Но жизнь поворачивается к нам то плохой, то хорошей стороной. Она, как говорится, вроде зебры. После дождя бывает солнце. После печали — радость. Солнце и радость пришли к чаирчанцу совершенно неожиданно одной декабрьской ночью две тысячи двадцать третьего года. Он только съел скромный ужин — обгрыз мох с мокрого ствола дерева, на котором жил, — и уже приготовился занять свое место в дупле, которое, кстати, со временем становилось все больше и уже начинало угрожать стабильности его высокого дома, как вдруг появилась она — незнакомая самка ласки, которая прямиком залезла на ветку ясеня и без стыда зашептала ему на ухо:
— Ты что? Не узнаешь меня? Я твоя однокурсница, не помнишь, что ли? Та, которую все звали «глупая блондинка», так что мне пришлось перекраситься в черный, хотя я блондинка от рождения, ну, вспоминай.

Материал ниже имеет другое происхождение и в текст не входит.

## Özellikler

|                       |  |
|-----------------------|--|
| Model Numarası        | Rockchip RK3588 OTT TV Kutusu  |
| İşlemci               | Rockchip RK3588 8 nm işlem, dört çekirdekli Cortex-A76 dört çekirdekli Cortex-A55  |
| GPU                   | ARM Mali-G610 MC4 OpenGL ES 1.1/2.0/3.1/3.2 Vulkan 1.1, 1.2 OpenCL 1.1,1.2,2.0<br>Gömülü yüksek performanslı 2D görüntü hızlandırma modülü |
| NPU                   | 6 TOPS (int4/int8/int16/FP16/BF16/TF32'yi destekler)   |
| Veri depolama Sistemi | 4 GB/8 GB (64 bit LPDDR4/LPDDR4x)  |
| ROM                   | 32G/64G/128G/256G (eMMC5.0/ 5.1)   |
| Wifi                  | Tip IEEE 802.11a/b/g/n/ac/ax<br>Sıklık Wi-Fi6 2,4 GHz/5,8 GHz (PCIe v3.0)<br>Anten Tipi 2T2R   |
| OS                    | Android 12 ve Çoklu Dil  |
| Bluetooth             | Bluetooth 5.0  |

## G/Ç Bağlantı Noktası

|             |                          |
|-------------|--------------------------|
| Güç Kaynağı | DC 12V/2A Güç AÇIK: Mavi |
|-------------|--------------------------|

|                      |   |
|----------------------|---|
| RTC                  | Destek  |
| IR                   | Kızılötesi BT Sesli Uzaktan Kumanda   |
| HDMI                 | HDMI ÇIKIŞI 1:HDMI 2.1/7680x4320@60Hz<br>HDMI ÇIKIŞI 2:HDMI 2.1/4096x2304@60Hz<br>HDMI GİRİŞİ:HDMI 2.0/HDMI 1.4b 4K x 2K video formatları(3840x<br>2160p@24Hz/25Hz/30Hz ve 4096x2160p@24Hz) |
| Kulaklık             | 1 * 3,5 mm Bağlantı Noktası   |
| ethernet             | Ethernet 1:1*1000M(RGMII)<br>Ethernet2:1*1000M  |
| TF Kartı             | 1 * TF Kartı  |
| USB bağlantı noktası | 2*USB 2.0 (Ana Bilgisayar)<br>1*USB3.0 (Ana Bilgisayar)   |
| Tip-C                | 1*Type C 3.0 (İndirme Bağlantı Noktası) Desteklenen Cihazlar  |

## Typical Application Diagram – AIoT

— И что с того? — невпопад сказал чаирчанец, окончательно сбитый с толку, смущенный и растерянный при виде ласки, которая так и вилась у него перед глазами. — Послушай, — пролепетал он, потом выскочил из дупла, долез до самой кроны ясеня и вернулся назад, чтобы проверить, не сон ли это, и, убедившись, что он не спит, продолжил: — Что случилось? Как ты стала такой?
— Утром меня машина сбила, на перекрестке около судебной палаты. Только я хотела улицу перейти… И вот тебе!

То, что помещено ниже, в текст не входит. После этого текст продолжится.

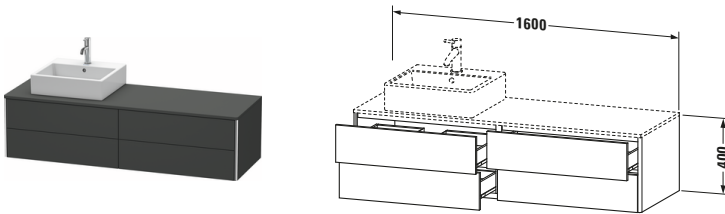

Konsolenwaschtischunterbau wandhängend

Basis Angaben	
Langbezeichnung	Duravit XSquare Konsolenwaschtischunterbau wandhängend, Graphit Matt, Rechteckig, Anzahl Ausschnitte: 1, Anzahl Schubkästen: 4, Tip-on Technik – XS4914L4949

Spezifikationen	
Anzahl Ausschnitte	1
Anzahl Schubkästen	4
Für Anzahl Waschtische	1
Montagegrad	Montiert
Waschplatz	
Position Becken	Links
Montage	
Montageart	Wandhängend / Wandmontage
Farbe	
Farbwert	Graphit
Glanzgrad	Matt
Front	
Farbwert Front	Graphit
Glanzgrad Front	Matt
Korpus	
Glanzgrad Korpus	Matt
Material Korpus	Hochverdichtete Dreischicht-Holzspanplatte
Oberfläche Korpus	Dekor
Griff	
Ausführung Griff	Grifflos
Profil	
Farbe Profil	Chrom
Glanzgrad Profil	Hochglanz
Material Profil	Aluminium

Features	
Tip-on Technik	✓
Einrichtungssystem	Optional
Selbsteinzug mit Dämpfung	✓
Siphonausschnitt	✓
Schürze	✓

Lieferumfang	
Montage	
Inkl. Befestigungsmaterial	✓
Technische Dokumentation	
Inkl. Montageanleitung	digital und gedruckt

Vermaßung	
Breite / Länge	1600 mm
Höhe	400 mm
Tiefe / Breite	548 mm
Min. Wandabstand	0 mm

Passende Produkte	
Passende Artikel	
	Raumsparsiphon # 005076 Universal
	Einrichtungssystem Set # UV0505 Universal
	Einrichtungssystem Set # UV0514 Universal
	Konsole # XS060H XSquare
	Konsole # XS061H XSquare
Notwendige Artikel	
	Konsole # XS060H XSquare
	Konsole # XS061H XSquare
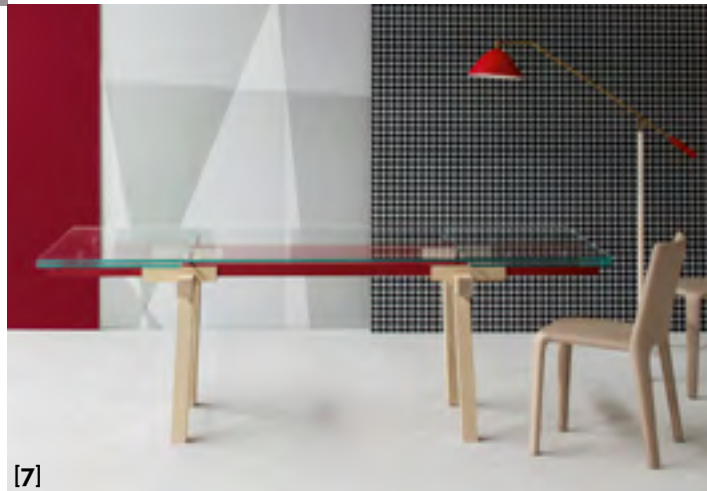

Tavolo fisso con base in acciaio verniciato RAL e piano in legno, disponibile in altre misure e finiture, L. 200 P. 100
H. 75. A partire da € 1.400.

[1] Tavolo € 1.600

[1]

[1] Tavolo fisso con base in acciaio verniciato e piano in cristallo trasparente, disponibile in altre misure e finiture, L. 200 P. 106 H. 75. A partire da € 1.600. [2] Tavolo allungabile con struttura in metallo laccato, piano e due allunghe in melaminico, disponibile in altre finiture, L. 120/210 P. 80 H. 75. A partire da € 540. [3] Tavolo allungabile con piano e allunga in legno invecchiato, disponibile in altre misure e finiture, L. 180/230 P. 90 H. 76. A partire da € 1.190.

[2]

[3]

[4]

[5]

[6]

[7]

[4] Tavolo allungabile con struttura in metallo laccato, piano e tre allunghe in melaminico, con supporto centrale, disponibile in altre misure e finiture, L. 160/310 P. 90 H. 75. A partire da € 950. [5] Tavolo fisso da esterno con gambe in legno e piano in SuperStone, L. 200 P. 100 H. 75. A partire da € 750. [6] Tavolo allungabile con piano e due allunghe in legno spazzolato, disponibile in altre misure e finiture, L. 160/250 P. 90 H. 77,5. A partire da € 980. [7] Tavolo allungabile con gambe in legno, struttura in acciaio verniciato, piano e due allunghe in cristallo, disponibile in altre misure e finiture, L. 160/260 P. 90 H. 75. A partire da € 1.850.

[1]

[2]

[3]

[4]

[5]

[6]

[1] Tavolo fisso con base inclinata in metallo verniciato e piano in legno, disponibile in altre misure e finiture, L. 200 P. 100 H. 75. A partire da € 2.140. [2] Tavolo fisso con gambe in ferro e piano in legno, disponibile in altre misure e finiture, L. 160 P. 97 H. 74,8. A partire da € 1.290. [3] Tavolo allungabile con struttura in metallo e legno verniciati, piano e due allunghe in vetro laccato, disponibile in altre finiture, L. 180/270 P. 90 H. 75. A partire da € 1.790.

— Неисповедимы пути Господни! — сказал он с тайной радостью, которая начинала постепенно переполнять его, потому что это означало, что все-таки Господу хватило великодушия, раз он наконец-то решил, как когда-то в раю, дав Адаму Еву, скрасить и его одиночество во второй жизни и послать ему эту его знакомую. Сама мысль, что пришел конец надоевшему одиночеству, быстро его отрезвила, оживила и дала волю к жизни. Он даже забыл о неприятном нраве Господа, склонного бросаться в крайности и готового в любой момент превратить его радость в глубокую скорбь. — Ты есть хочешь? А пить? — суетился он вокруг ласки и лапками обдирал мох со ствола. Он очень обрадовался, увидев, что его бывшая однокашница невероятно быстро приспособилась к новой обстановке и без лишнего жеманства взяла мох, который он ей принес, и принялась с аппетитом его жевать. — Господи! — только и сказал он, просто так, прежде чем сесть рядом с ней на ветке, погладить лапкой ее редкие усики и посмотреть ей прямо в смеющиеся глаза, а потом подумал: «Чем же занимаются ласки, когда им делать нечего?» И так, почти счастливые, они просидели на ветке всю долгую ночь, глядя на черных воронов, которые каркая, носились над парком.